Author summary The Drosophila Y chromosome is gene poor and mainly consists of epigenetically silenced, repetitive junk DNA, yet the Y influences expression of thousands of genes genome-wide. Here we study the genome-wide chromatin landscape in flies with varying sex chromosome complements (X0, XY and XYY males; XX and XXY females), and show that the Y indirectly influences the epigenetic landscapes between sexes, by sequestering repressive chromatin marks. Differences in the sex-specific epigenome can have broad functional consequences: Increased amounts of repetitive DNA result in insufficient silencing of transposable elements and their remobilization in XXY and XYY flies. Hundreds of genes change their expression patterns in flies with different sex chromosome karyotypes, thereby contributing to sex-biased gene expression patterns and sexual dimorphism.
Introduction
The Drosophila Y is a degenerated, heterochromatic chromosome with only a few functional genes, primarily specialized in male reproductive function [1-4]. However, the D. melanogaster Y is about 40Mb in size and accounts for 20% of the male haploid genome [1, 5] (Figure 1A). Most of the Y chromosome is composed of repetitive satellite DNA, transposable elements (TEs), and Y-linked rDNA blocks [6], and it is transcriptionally silenced through heterochromatin formation [7]. Despite its small number of genes, natural variation on the Y chromosome is associated with variation in several traits, including male fitness [8] and position effect variegation (PEV; the ability of spreading heterochromatin to induce partial silencing of reporter genes in some cells, resulting in mosaic expression patterns [9]). More recently, it was found that natural variation on the Y has substantial effects on regulation of hundreds of protein-coding genes genome-wide [10-13].

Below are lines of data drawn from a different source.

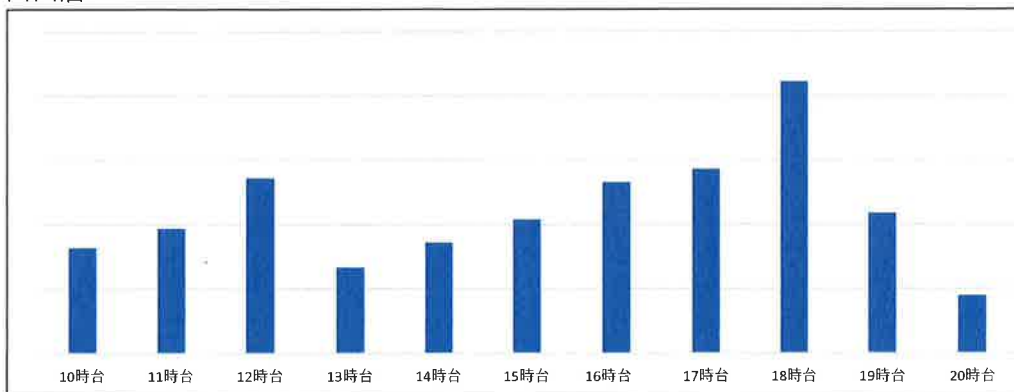

最近一週間の曜日別店舗混雑状況

2026年6月1日

山田店 5月25日(月) 店舗時間帯別混雑状況

山田店 5月31日(日) 店舗時間帯別混雑状況

山田店 5月30日(土) 店舗時間帯別混雑状況

最近一週間の曜日別店舗混雑状況

2026年6月1日

山田店 5月29日(金) 店舗時間帯別混雑状況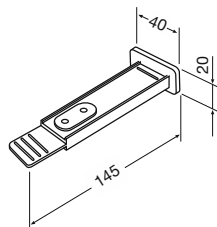

XXL/515
O.E.M. 81664100226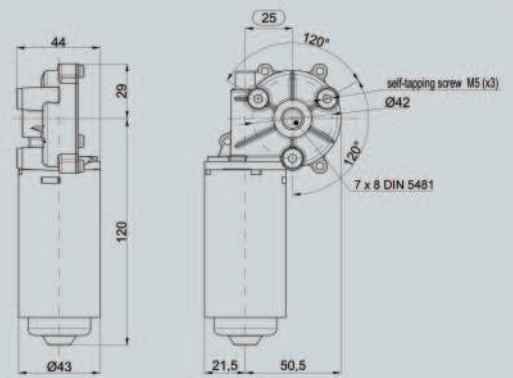

MR42

Destro / Right

Destro / Right

Tensione nominale
Supply voltage
Tension nominal
Nennspannung

Giri a vuoto (g/min)
No load speed (rpm)
Tour à vide (T/min)
Leerlaufdrehzahl (U/min)

Potenza resa
Shaft power
Puissance active
Nennabgabeleistung

The molecular basis of this phenotypic variation is unclear. Single-nucleotide polymorphism in protein-coding genes is low on the Y chromosome [14, 15], and it has been proposed that structural variation involving repetitive DNA is responsible for the observed phenotypic effects of different Y chromosomes [16]. Specifically, most of the highly repetitive Y chromosome is enriched for heterochromatic proteins and repressive histone modifications, and the Y may act as a ‘heterochromatin sink’ by sequestering core components of the heterochromatin machinery, thereby limiting the ability to silence other repetitive regions of the genome [16, 17]. Under the heterochromatin sink model, Y chromosomes vary in their ability to sequester heterochromatin components due to variations in the total amount or sequence content of their repetitive sequences. Protein-coding genes from the D. melanogasterY chromosome are only expressed in germ cells of males, but the effects on global gene expression by different Y chromosomes also occur in XXY females and somatic cells of XY males [11-13]. This observation is consistent with the heterochromatin sink model, where the Y chromosome exerts its effect indirectly by depleting or redistributing chromatin regulators across the genome. However, these studies have been limited to reporter loci to assess the effect of the Y chromosome on heterochromatin formation, and the global chromatin landscapes of individuals with different amounts of heterochromatic sequence have not yet been directly examined. Here, we test the hypothesis that the Y chromosome acts to modulate heterochromatin integrity and gene expression genome-wide by contrasting the chromatin landscapes and expression profiles of X0 and XYY males and XXY females to that of wildtype D. melanogaster.
Results
Fly strains
To compare the chromatin landscape between Drosophila that differ in their sex chromosome karyotype and their amount of repetitive DNA, we set up crosses between D. melanogaster stock number 2549 from the Bloomington Stock Center, which has a compound reversed metacentric X chromosome (C(1)RM) or a hetero-compound chromosome with the X chromosome inserted between the two arms of the Y chromosome (C(1;Y)), and the wildtype Canton-S stock (Figure 1B). We selected X0 males that contained a maternally transmitted X chromosome (as do wildtype males), and XXY females that contain a wildtype Y chromosome (rather than the C(1;Y) chromosome; see Figure 1B). Note that the resulting flies are not completely isogenic (and it is impossible to create completely isogenic flies using this crossing scheme), but different comparisons contrast flies with identical autosomal backgrounds. In particular, our wildtype male and female comparison share the same autosomal genotype (Canton-S), and our X0 males and XXY females both have one autosomal complement from Canton-S, and one from the 2549 stock. XYY males inherit 75% of autosomal genes from strain 2549. We used flow cytometry to estimate the genome sizes of the 5 karyotypes with different sex chromosome configurations, and using estimates of diploid euchromatic genome sizes of 231 Mb for individuals with two X chromosomes and 208 Mb for individuals with one X chromosome, we then estimated the amount of heterochromatic sequences in each karyotype. As expected, we found a gradient of heterochromatic sequence content for the 5 karyotypes, with XO males (~111Mb) < XX females (~124 Mb) < XY males (~151 Mb) < XXY females (~161 Mb) < XYY males (~181 Mb) (Table S1, Figure 1A).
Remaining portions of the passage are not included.